Fue el Barcelona quien levantó la liebre, no precisamente por altruismo. En junio de 1969 Severiano Irala, del Cerro Porteño, se presentó ante los periodistas de la ciudad condal, antes de fichar por el club azulgrana. «He jugado dos partidos con la selección paraguaya», manifestó incautamente. Y al advertirle algunos informadores que los internacionales extranjeros no podían ingresar en nuestro fútbol, ratificó: «Pues he jugado. Como otros».
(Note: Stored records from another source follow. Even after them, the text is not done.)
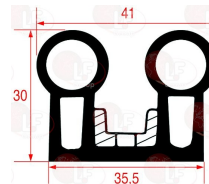

3986003 PVC PROFILE BLACK FOR GASKETS 2500 mm

FERMOD 03312NR200

FERMOD 03312NR250

3186792 COLD ROOM GASKET G502
colour black
bar 4000 mm

FERMOD 00502NR400

FERMOD 502

3186794 GASKET COLD ROOM G4451 2500 mm
colour: black
bar-length 2500 mm
complete with stiffener
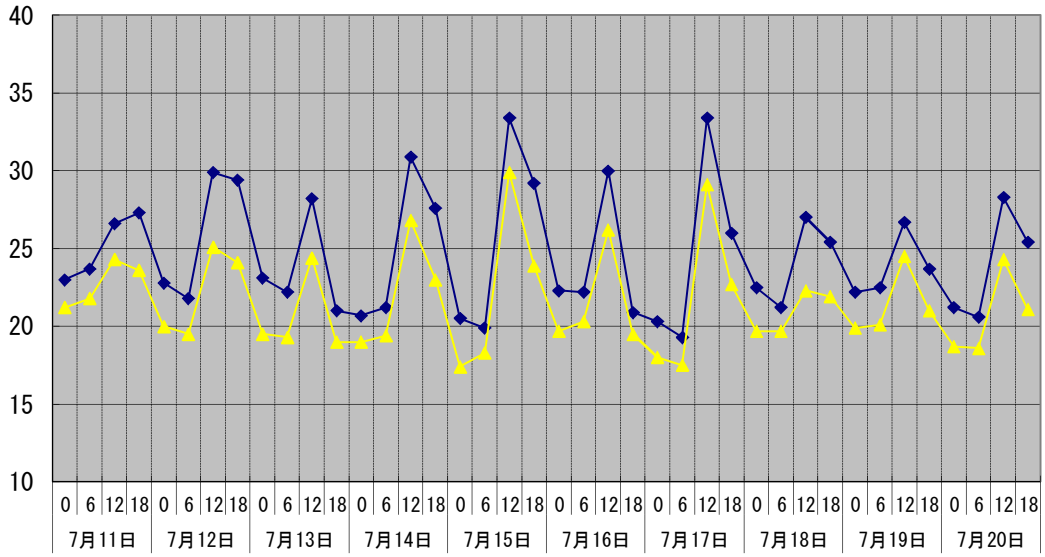

温度℃

◆ 林外    ■ 林内    ▲ 人工ホダ場

湿度%

◆ 林外    ■ 林内    ▲ 人工ホダ場

降水量mm

▣ 降水量

Esa sinceridad puso candado a sus documentos en la Federación y encoraginó a la directiva «culé». Había otros casos como el de Irala, claro que sí. Por mucho que la Federación Paraguaya extendiese certificados negando lo innegable, de cada partido internacional se derivaba un acta. Y aún suponiendo que los corruptos hubiesen logrado destruirlas, seguían quedando las hemerotecas. Si se habían «colado» futbolistas ilegales era por pura y simple desidia.
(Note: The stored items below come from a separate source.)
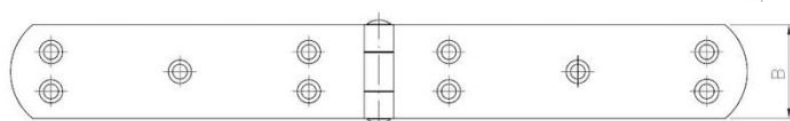

Pinnoite tyyppi:

Dimensions

| Material index | A [mm] | B [mm] |
|----------------|--------|--------|
| 6804300038AS | 300 | 38 |
| 6804250038AS | 250 | 38 |
| 6804200033AS | 200 | 33 |
| 6804180035AS | 180 | 35 |
| 6804160035AS | 160 | 35 |
| 6804140035AS | 140 | 35 |
| 6804120035AS | 120 | 35 |
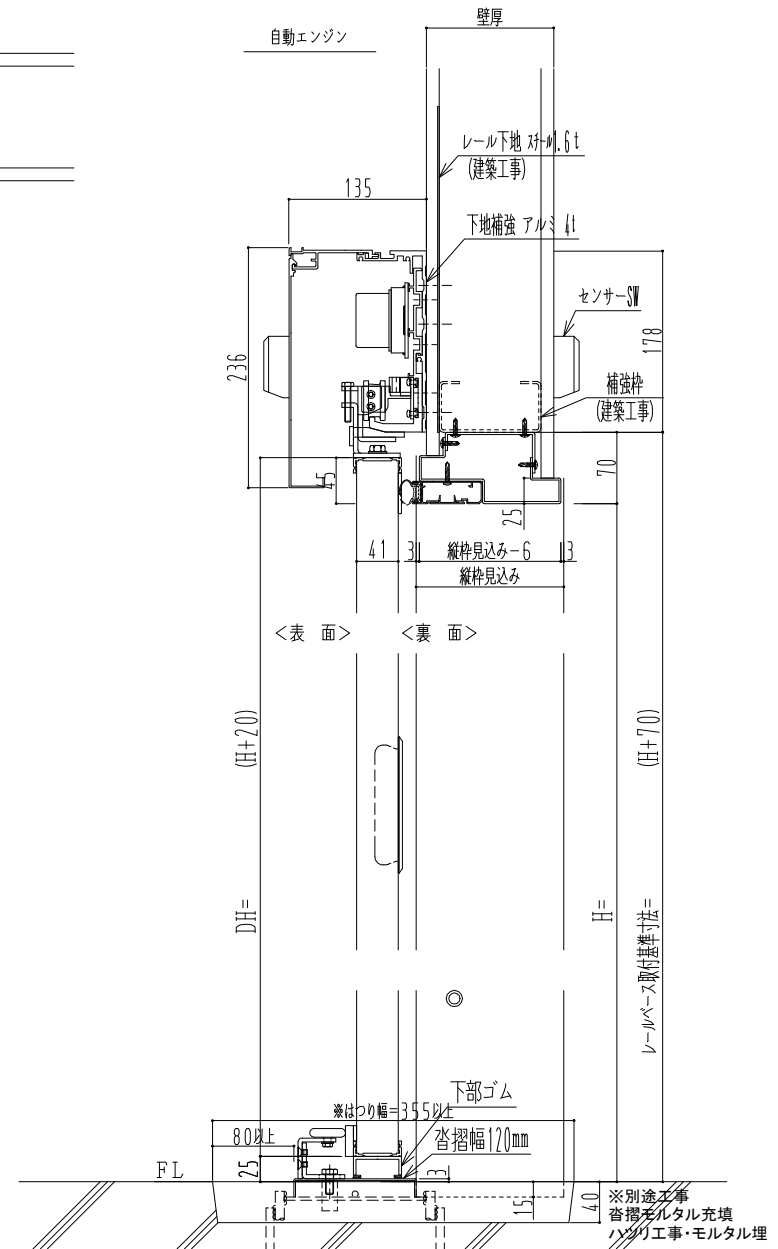

アルミ枠

作図縮尺	
正面図	1 / 1
水平断面図	4 / 1
垂直断面図	4 / 1

SUNWIZZ

品名： 気密スライドドア

型名： SAR40 (V4.1) - 片引自動-3方 上部 イタイト

SAR40-41KLF3204-2404

Destapada ya la putrefacción, en setiembre de 1969 el organismo federativo decidió inscribir a tres oriundos, por haber jugado ya nuestro campeonato el año anterior: Fleitas (Real Madrid), Aníbal Pérez (Valencia) y Ricardo González (Elche). Al mismo tiempo paralizaba la de otros del Murcia, At. Madrid, Sevilla y Pontevedra. Poco después, Real Madrid y Barcelona dirimían su enfrentamiento liguero y Fleitas batía en dos ocasiones al guardameta barcelonés. La indignación catalana no tenía nombre. O jugaban todos con las mismas reglas o se rompía la baraja.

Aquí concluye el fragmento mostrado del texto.